ZTNA fix: the user gets an outbound session to one named application. No route, no broadcast, no other ports.
2 "The VPN is slow today" (Monday, 9:15 AM)
The Monday-morning login storm hits the same HA pair every week. Concentrators were sized for steady state — peak is twice that. TLS handshakes queue, IKE rekeys back up, and the helpdesk hears about it for an hour.
ZTNA fix: the SASE PoP is shared, elastic and globally distributed. There is no fixed concentrator to overload at 9:15.
3 "My laptop joined yesterday and I still can't connect."
New joiner gets a corporate laptop. The VPN client has to be installed manually, the profile imported, the certificate enrolled, the MFA seed paired and the user walked through the disconnect-reconnect dance. IT loses 45 minutes per joiner.
ZTNA fix: FortiClient EMS pushes the agent, profile, posture rules and trust anchors as part of zero-touch enrolment. The user signs in once with the corporate identity and the access works.
4 "The contractor's laptop is on the VPN."
You can grant a contractor a VPN account in five minutes. You can't easily check whether their laptop has BitLocker enabled, the EDR agent running, or last week's critical patches installed — and the VPN doesn't care.
ZTNA fix: every connection is gated by a posture check that runs on this connection. Out-of-date OS, missing EDR, encryption off → access denied or restricted, automatically.
5 "We can't tell who accessed what."
The VPN log says "user X authenticated, source Y, at time T". What did they actually do? Which servers, which apps, which records? That's reconstructed from disparate logs at three other places, after the incident, on a deadline.
ZTNA fix: every session is a named application access, logged centrally with user, device, app, time and bytes. The audit trail is application-level by design.
6 "One user clicked a link and now ransomware is spreading."

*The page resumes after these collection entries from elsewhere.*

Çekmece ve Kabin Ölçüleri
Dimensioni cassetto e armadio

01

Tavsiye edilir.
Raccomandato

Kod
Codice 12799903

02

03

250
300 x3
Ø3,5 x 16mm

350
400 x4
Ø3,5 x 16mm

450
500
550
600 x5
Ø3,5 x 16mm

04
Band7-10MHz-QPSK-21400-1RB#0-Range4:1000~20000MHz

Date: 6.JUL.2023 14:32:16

The user was on VPN. Their laptop got popped. The implant immediately tried — and succeeded — to reach the file server, the domain controller, and the application servers on adjacent subnets. The blast radius is the whole network, because that's what the VPN gave them.
ZTNA fix: the compromised laptop can only reach the applications the user was explicitly granted access to. Lateral movement is denied by architecture, not by hoping segmentation rules held.

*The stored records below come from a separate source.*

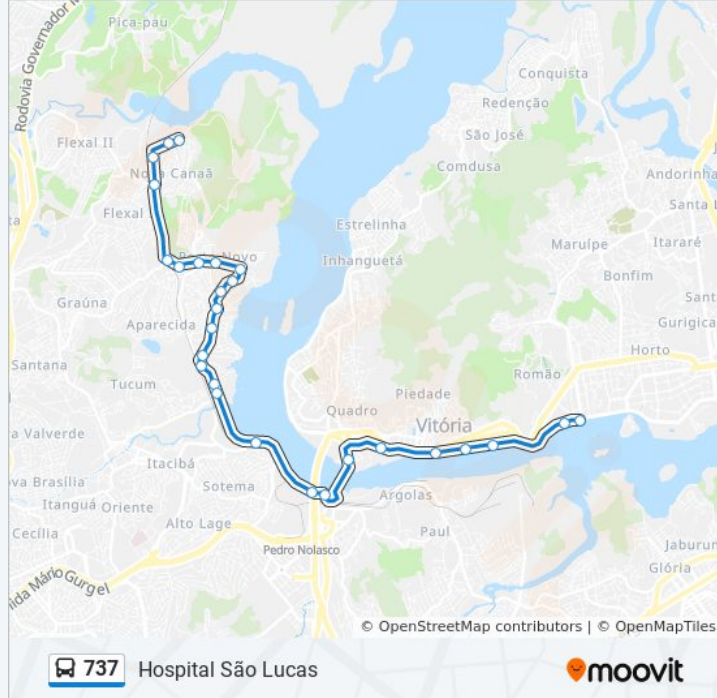

Rua Célsio Pereira, 169

Rua Doutor Manoel Martins, 2

Rua Principal, 552

Rua Principal, 348

Avenida Principal, 959

Porto De Santana

Avenida Vale Do Rio Doce, 57

Avenida Vale Do Rio Doce, 7

Informações da linha de ônibus 737

Sentido: Hospital São Lucas

Paradas: 30

Duração da viagem: 29 min

Resumo da linha:

Av. Vale Do Rio Doce, 2002 | Segunda Ponte

Av. Vale Do Rio Doce, 204b | Departamento Da Polícia Federal

Avenida Alexandre Buaiz, 816

Galpões Da Codesa (Transcol)

Palácio Anchieta (Transcol)

Avenida Marechal Mascarenhas De Moraes, 717

Praça Getúlio Vargas

Colégio Salesiano

Dom Bosco (Terminal Aquaviário)

Sentido: Nova Canaã

33 pontos

[VER OS HORÁRIOS DA LINHA](#)

Dom Bosco (Terminal Aquaviário)

Colégio Salesiano

Fames - Faculdade De Música

Avenida Jerônimo Monteiro, 104-160

Correios - Agência Central (Transcol)

Palácio Anchieta (Transcol)

Why a VPN can't fix any of these — the architectural reason
You can patch a VPN. You can tighten its split-tunnel policy, segment the destination network behind it, add MFA on the gateway, and force device certificates. Each one of those helps, and every one of them is a workaround for the same fact: a VPN's job is to put a remote user on the network. The trust model is binary — you're in or you're out — and the routing table is built for hosts that belong on a LAN.
The core mismatch
VPN trusts the network. ZTNA trusts neither network nor user.
Every protection on a VPN bolts onto a model that already trusts the user once they're connected. Network segmentation, micro-segmentation, NAC, host-based firewalls — each adds back a check the VPN itself never made. None of them undo the fact that a successful VPN login produced a routable presence on the corporate network.
ZTNA inverts that. There is no "on the network". There is "this user, on this device, with this posture, accessing this application, right now". Every condition is re-evaluated for every session. The network never becomes the trust boundary, because the network never gets to be a boundary at all.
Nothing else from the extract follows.